Marion Parker and Robert Tyrrell's B.C. bestseller, Rumrunner: The Life and Times of Johnny Schnarr (Orca $24.95), recounts the extraordinarily lucky years between 1920 and 1933 when Schnarr was a courier for over 60,000 cases of booze mostly whiskey, not rum -into the "dry" U. S.

"People liked the liquor and I would freight it for them," says Schnarr, "1 thought it was perfectly okay. I wasn't buying and selling any liquor. "If you consider an average of about one hundred and fifty cases per trip, that amounted to over four million dollars of revenue that I brought into Canada.
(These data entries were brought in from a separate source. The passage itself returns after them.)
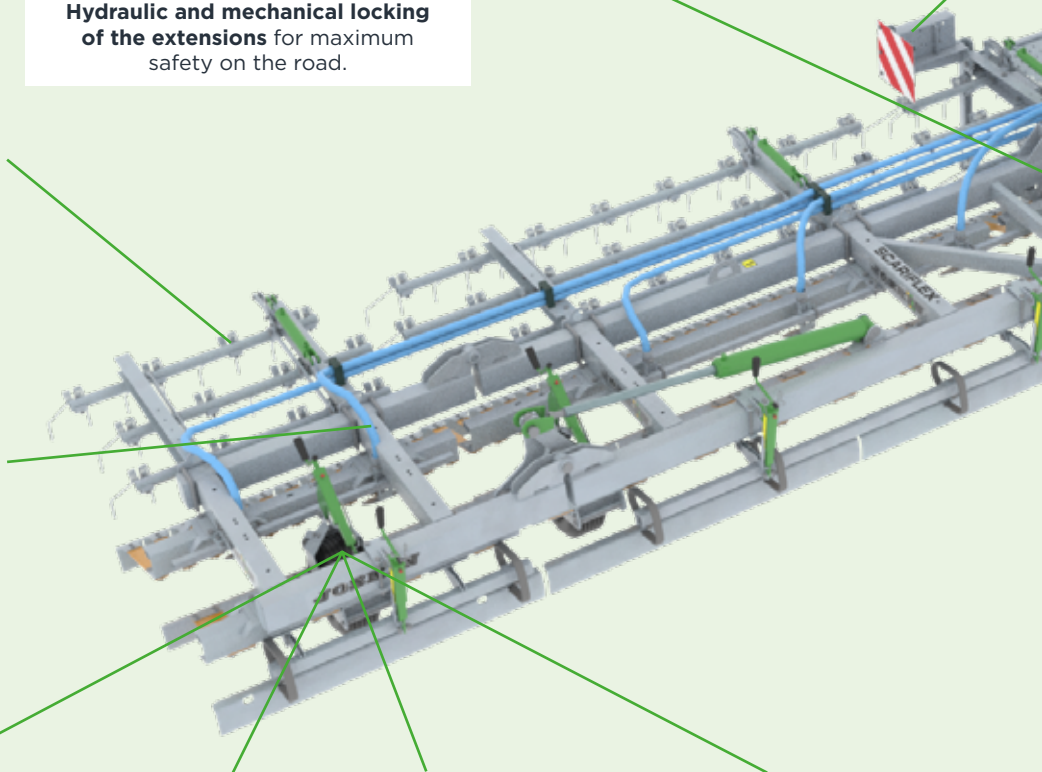

SCARIFLEX

- ✓ **Modular machine with unrivalled efficiency.**
- ✓ **High-quality galvanising for a durable aerator.**
- ✓ **Scraper blades adaptable to all Scariflex models, even older ones!**
- ✓ **After-sales service: 3-year warranty and individualised parts book.**
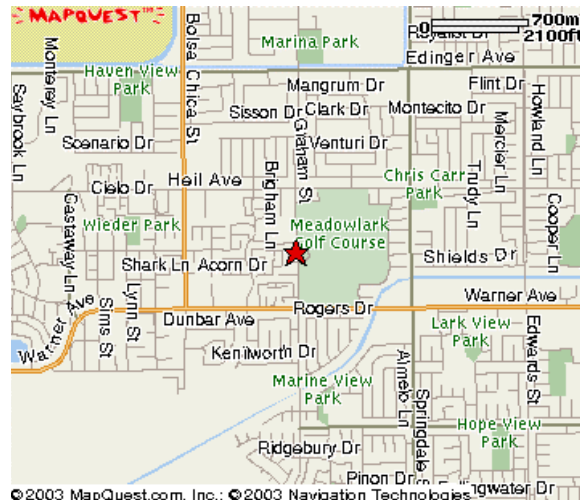

astron (elec•tron•ics)inc.

verb: 1. representation defined

Course Directions:

Meadowlark Golf Club 16782 Graham Street, Huntington Beach, CA 92649

From Los Angeles: Go South on San Diego Fwy (405), bear a right at junction with Garden Grove Fwy (22) to Bolsa Chica Rd. exit; south approx. 3 miles to Heil Ave; left (east) to Graham St.; right to club.

From South Orange County/San Diego: North on San Diego Fwy (405) to Warner Ave west; exit west approx. 4 miles to Graham St.; Right to club.

Questions: Call Jennifer at (949) 379-7266, prior to the tournament or call Steve (714) 614-2465 on the day of the tournament.
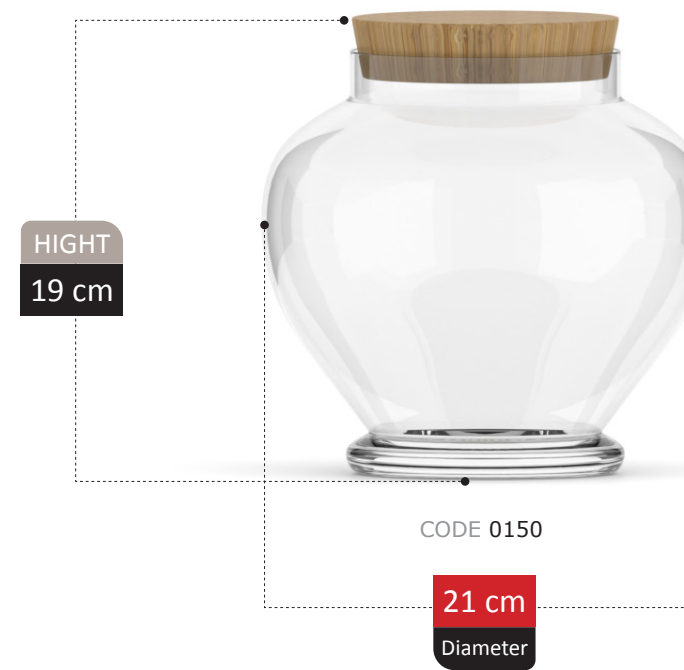

HIGHT
23 cm

CODE 4123

19 cm
Diameter

RANKEN COLLECTION

HIGHT
26 cm

CODE 0038

17 cm
Diameter

RENDA COLLECTION

69

HIGHT
30 cm

CODE 0037

18 cm
Diameter

DELSHAD

COLLECTION

ALTAN COLLECTION

ELOISA
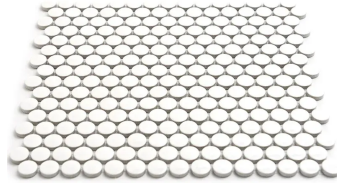

White 1" Penny Round Polished Porcelain Mosaic

[View Product](#)

SKU	ATORB01WTG	Material	Porcelain
Item size	11.46x12.4 inch	Thickness	1/4 inch
Tile Finish	Glossy	Mounting type	Mesh Mounted
Coverage	0.987	Priced By	sheet
Sold By	sheet	Pieces Per Box	10
Sq Ft Per Box	9.87	Weight	1.75
Tile Use	Outdoors, Indoor Walls, Light traffic floors, High traffic floors, Shower Walls, Shower Floor, Steam Room, Swimming Pool, Heat areas up to 150F, Commercial walls, Commercial Floors	Shade Variation	V3 (moderate)
Recommended thinset	Laticrete 254 Platinum	Recommended Grout 1	Laticrete Permacolor
Country of Origin	Thailand		
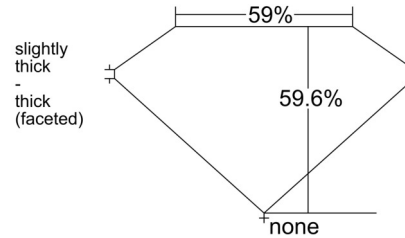

GIA NATURAL DIAMOND GRADING REPORT

April 29, 2025  
 GIA Report Number ..... 3515983399  
 Shape and Cutting Style ..... Oval Brilliant  
 Measurements ..... 8.42 x 5.67 x 3.38 mm

GRADING RESULTS

Carat Weight ..... 1.01 carat  
 Color Grade ..... E  
 Clarity Grade ..... SI1

PROPORTIONS

Profile not to actual proportions

CLARITY CHARACTERISTICS

KEY TO SYMBOLS\*

- Crystal
- ~ Feather

\* Red symbols denote internal characteristics (inclusions). Green or black symbols denote external characteristics (blemishes). Diagram is an approximate representation of the diamond, and symbols shown indicate type, position, and approximate size of clarity characteristics. All clarity characteristics may not be shown. Details of finish are not shown.
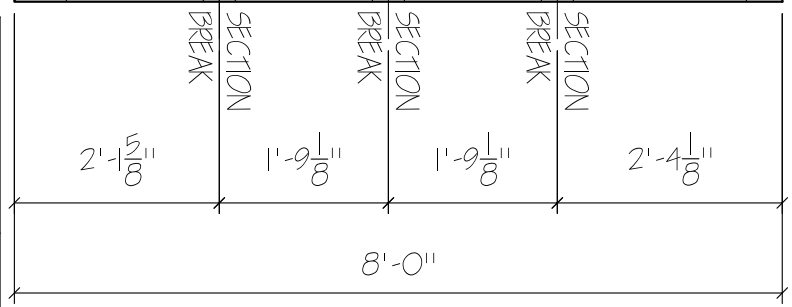

FRONT ELEVATION, SHEFFIELD
 SCALE: 1/2" = 1'-0"

Client:	Drawn:
Address:	Revised:
Phone:	Approved:
Approved By	Ordered:

ARTISAN
 CUSTOM DOORWORKS

975 Hemlock Rd., Morgantown, PA 19543
 T - 888-913-9170 F - 888-913-9179
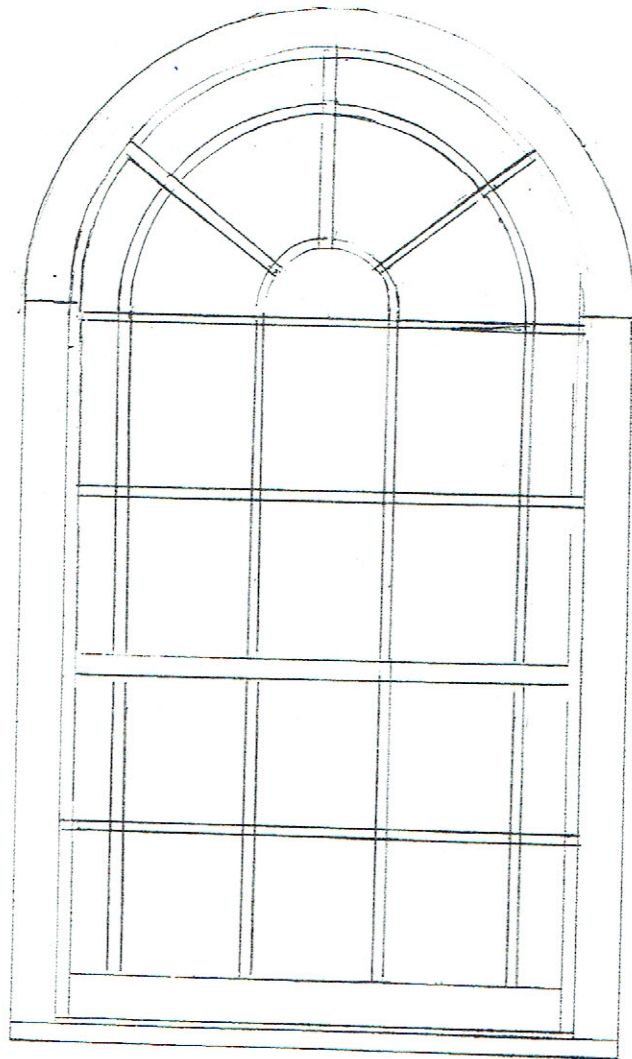

Andrew Bird (andrewbird 1969 hotmail.co.uk) 14/2/21
 Hardwood box sliding sash window hung on weights & pulleys
 factory glazed single laminate glass clear.
 Factory finished Cement Grey

Approx
1660mm

Approx 880mm
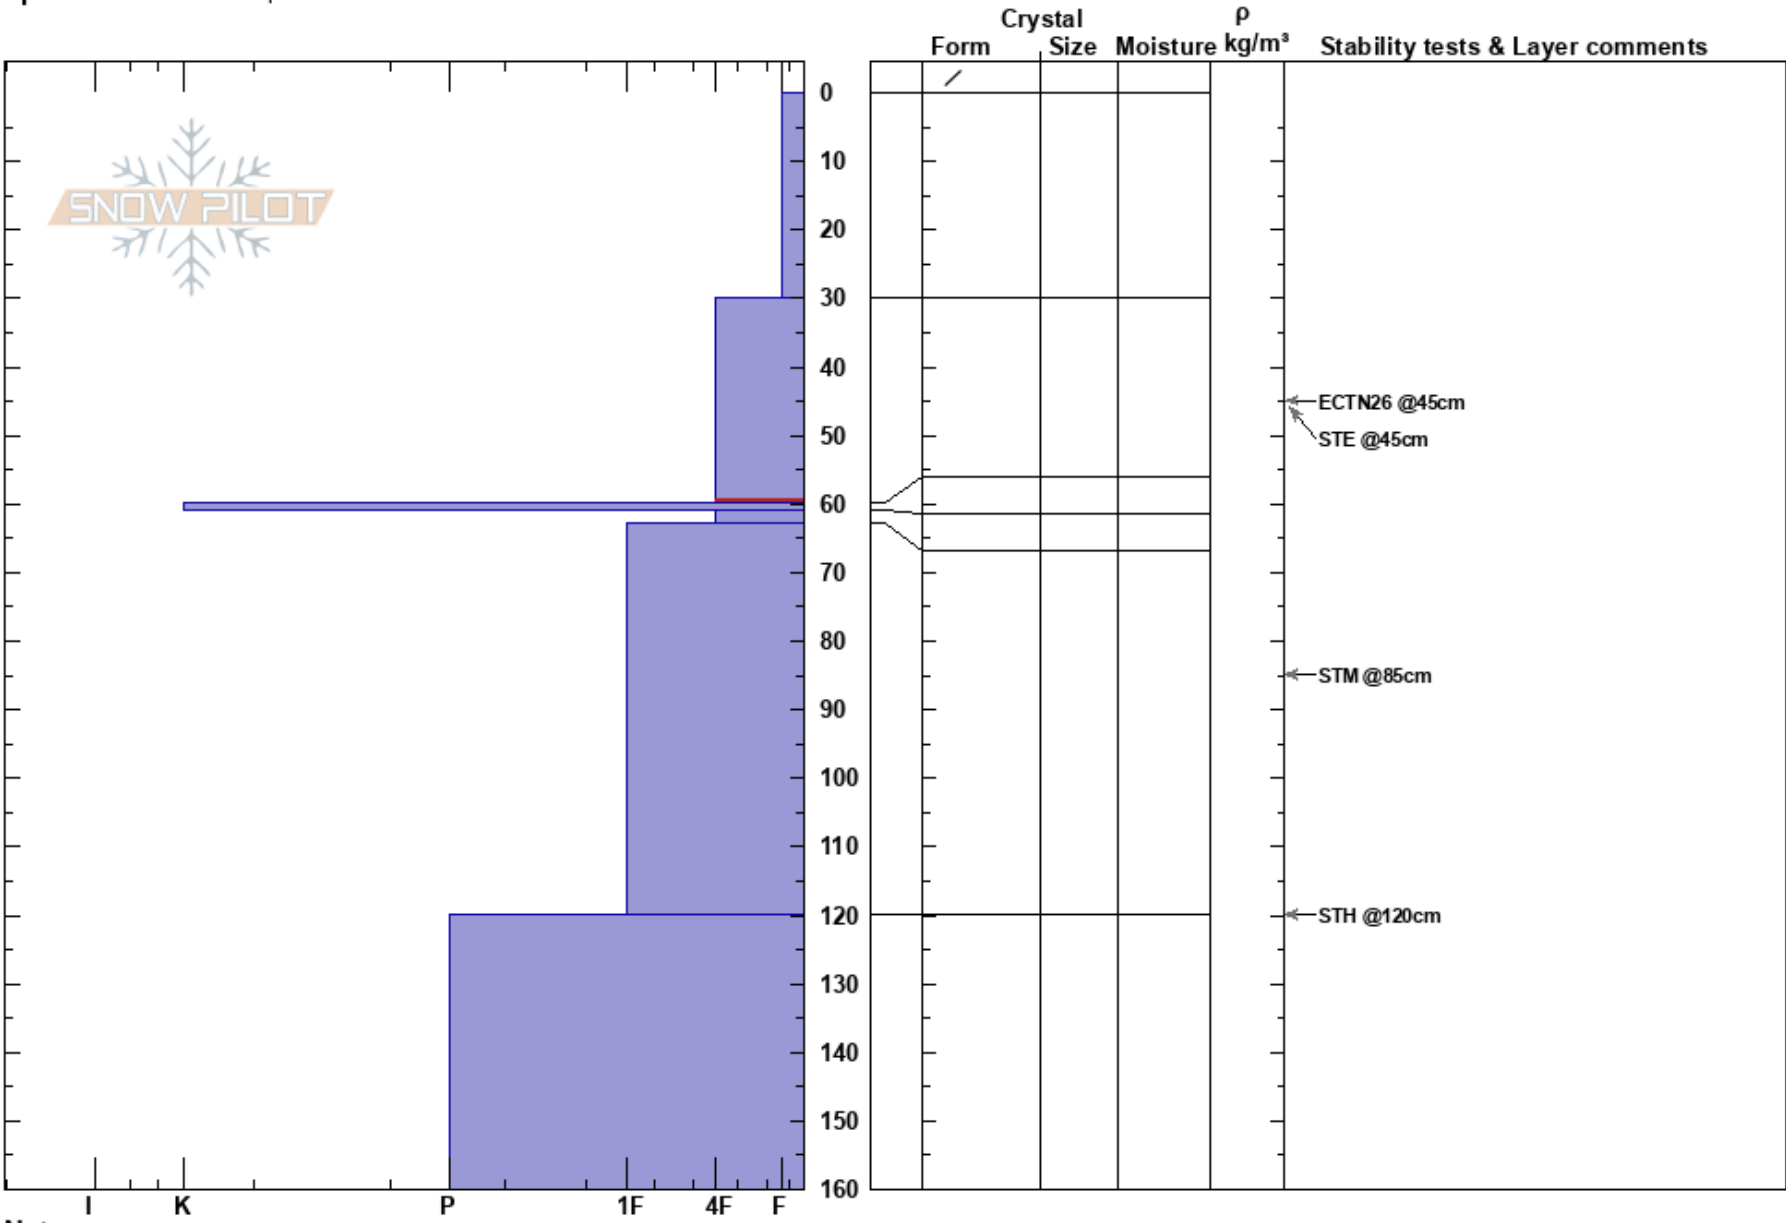

Nunatak 1 Upper
 Tordrillo Range
 AK
Elevation: 4375 ft
Aspect: 20°
Specifics: We skied slope

Dave Hahn
 03/06/2022 - 12:52pm
Co-ord: 61.46865N, -152.14277W
Slope Angle: 17°
Wind Loading:

Stability:
Air Temperature:
Sky Cover: CLR
Precipitation: NO
Wind:

PF: 100
PS: 20 30-60cm: Problematic layer

Layer Notes:

Notes:
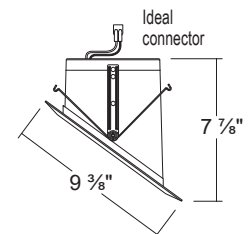

Select 5 kinds of CCT

Triac Dimming Ver.

MODEL NO.
SSLKT600-5CCT
SSLKT603-5CCT

Select 3 kinds of CCT

Triac Dimming Ver.

MODEL NO.
SSLKT600-3CCT
SSLKT603-3CCT
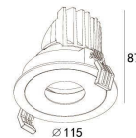

LIGHT DISTRIBUTION For 3000k

100(Cut out)

LBE-9136CS

LED Power	Colour Temp	Luminous
8W	2700/3000K 4000/5000K	754lm 754lm

LIGHT DISTRIBUTION For 3000k

100(Cut out)

LBE-9136C

LED Power	Colour Temp	Luminous
13W	2700/3000K 4000/5000K	1425lm 1526lm
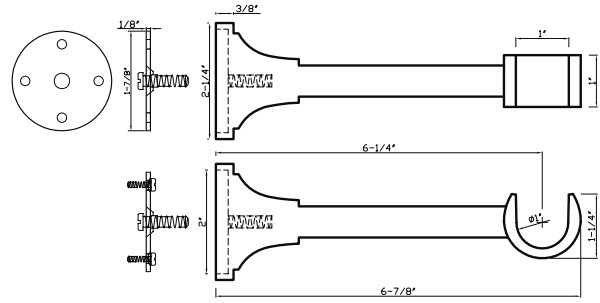

DC 208 - fits 1", 1-3/8" & 2" rods

DC 208 A fits 1" rod

Available in finishes: Unlacquered Brass, Polished Chrome, Brushed Nickel, Green Antique, Satin Brass, Polished Brass, Black & Black Nickel

DC 208 B fits 1-3/8" rod

And that was no small sum in the Thirties!";

Schnarr was run aground by an incompetent employer on his first run. American cutters once put 17 bullet holes in Schnarr's boat with a machine gun. A $25,000 reward was offered for its capture.

It sounds harrowing and dramatic. But Schnarr says by far the toughest part of the job was simply coping with very little sleep. He never drank on the job. And he claims the rum trade was at least as honest as most businesses.

"During the time I was rum running I had four or five different people come to me -all from the American side -and ask me to run dope for them. They made offers as high as $25,000 to take a suitcase full of dope and land it on the other side. I wanted nothing to do with that."

Schnarr made his final run on April 2, 1933, two days before Prohibition was lifted. He had only $10,000 in the bank, having spent about $75,000 customizing his boats. "In those days that was a lot of money. But maybe that was what kept me out of jail!" He went on to work as a logger near Ladysmith and Nitinat Lake, then spent 25 years as a commercial fisherman out of Bamfield in Barkley Sound.